According to the second embodiment as described above, the following effects can be obtained in addition to the effects of the first embodiment.
1. It can have excellent heat insulation.
2. The water absorption rate can be reduced and kept light for a long period of time.
3. Bonding between the fiber reinforced plastic 1 and the foamed material 7 is simplified.
4). It is possible to provide the reinforced heat insulating composite material 6 which is strong against twisting during transportation and excellent as a wall material of a cold storage container that is carried on a truck.

"Production method of reinforced thermal insulation composite"
Next, specific examples of the above-described reinforced heat insulating composite material 6 according to the second embodiment of the present invention will be described. In Example 1, the reinforced heat insulation composite material 6 used as the wall material of a cold storage container was produced. As shown in FIG. 3, the manufacturing method of the reinforced heat insulating composite material 6 includes step S1 of mixing a carbon filler 41 as the reinforcing filler 4 in the binder resin 3, and the reinforcing fiber material 2 and the carbon filler 41 in the mold. It consists of step S2 for laminating the mixed binder resin 3 and foamed material 7, step S3 for applying pressure and curing, and step S4 for performing the final molding operation.

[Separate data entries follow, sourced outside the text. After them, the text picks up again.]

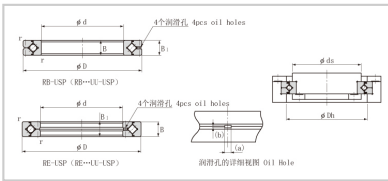

## Crossed Roller Bearing

### RB series Crossed Roller Bearing-110

Shaft diameter	<b>110</b>
Model No.	RB11015
Major dimensions	
Inner diameter	<b>110</b>
Outer diameter	145
Roller pitch circle diameter	126.5
Width	15
Greasing hole	3.5-1.6
rmin	1.6
Shoulder dimensions	
ds	122
Dh	136
Basic load rating	
kN	23.7
kN	41.5
kg	0.75
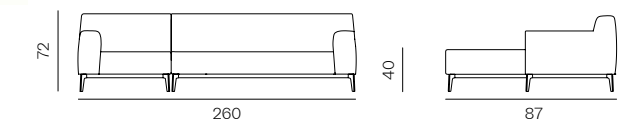

Petra L Sofa

Designer Betül İnci

Frame: Plywood and solid beech structure, powder coated metal leg
Seat & Back: Upholstered seat and back
Finish: Available in RAL colours, expansion available for Left or Right directions

  First, a carbon filler 41 made of carbon powder is mixed into the binder resin 3 using an unsaturated polyester resin. The carbon filler 41 is mixed in such an amount that the weight ratio with the binder resin 3 is 1: 100. In the present Example 1, carbon powder with a non-uniform particle size produced before producing a carbon fiber was used. This is because the carbon powder having a non-uniform particle size in this state is inexpensive, and if a desired effect can be exhibited thereby, the merit from the cost side is great. In order to mix in the binder resin 3, the carbon filler 41 is mixed 10 times, and further stirred for about 30 minutes to uniformly distribute the carbon filler 41 in the binder resin 3 (step S1).

  Next, the mold is preheated to 50 ° C. so that the binder resin 3 can flow smoothly. The reinforcing fiber material 2 which is a nonwoven fabric of glass fiber and the binder resin 3 mixed with the carbon filler 41 are laminated on the mold. In Example 1, two reinforcing fiber materials 2 were laminated on one side with a binder resin 3 mixed with a carbon filler 41 interposed therebetween. A plate-like foam material 7 made of polyethylene is placed thereon, and two reinforcing fiber materials 2 and a binder resin 3 are laminated thereon and sandwiched between molds (step S2).

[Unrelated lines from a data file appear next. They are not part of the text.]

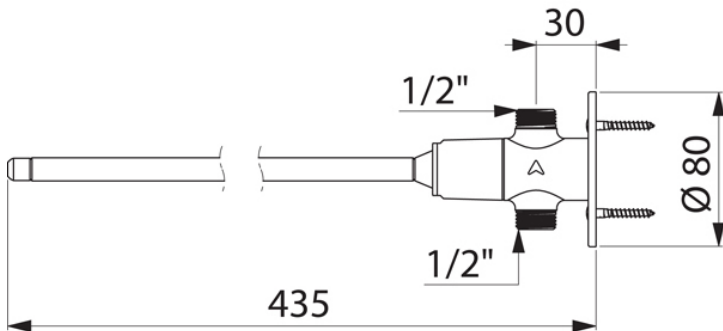

MODEL: **Delabie DLB-1470800**

DELABIE

TEMPOGENOU - Knee operated valve. Straight type in line inlet/outlet

Controls: Knee operated
Accreditation: WRAS

FEATURES & BENEFITS

- Water savings up to 85%.
- Total hygiene: no manual contact.
- Time flow ~7 sec.
- Flow rate pre-set at 3 lpm at 3 bar, can be adjusted from 1.5 to 6 lpm.
- Control lever reinforced by an internal stainless steel rod.
- Solid brass wall plate with reinforced fixing via 4 stainless steel screws.
- Cold or mixed water supply.

TECHNICAL INFO

- Connection(s): M1/2-inch.
- Length: 435mm.
- Flow rate: 3 lpm.

MAINTENANCE & CLEANING

Cleaning chrome: Do not use abrasive, chlorine or acid-based cleaning products. Avoid contact with concentrated bleach. Clean with soapy water using a cloth or sponge.
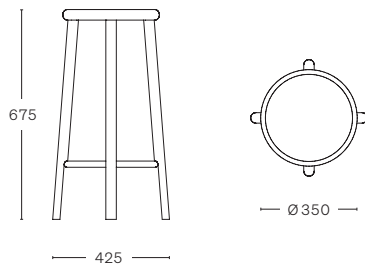

SOLO COUNTER STOOL

- Ash frame
- Oak frame
- Bicolour on oak

  Hold the pressure uniformly from the upper and lower molds for about 1 hour. In Example 1, a pressure of about 96 tons was applied to form one sheet (step S3).

  Then, leave it until it reaches room temperature. In Example 1, the temperature was lowered to 20 ° C. in about 1.5 hours. Thereafter, using another mold of the same mold that does not perform temperature control, the same pressure as in step 3 was applied and held for about 6 hours to perform the standard work (step S4).

  In Example 1, the surface of the reinforced heat insulating composite material 6 was coated by applying a coating resin after the molding in Step S4.

"Physical properties"
The physical properties of the reinforced heat insulating composite material 6 produced in Example 1 were evaluated. For comparison purposes, a conventional fiber reinforced composite material 6 used in a general cold container, a test piece 1 using a glass fiber woven fabric as the reinforcing fiber material 2, and a length that does not mix uniformly. The thermal conductivity was compared with that of the test piece 2 sprinkled with the carbon fiber not filled in the binder resin 3.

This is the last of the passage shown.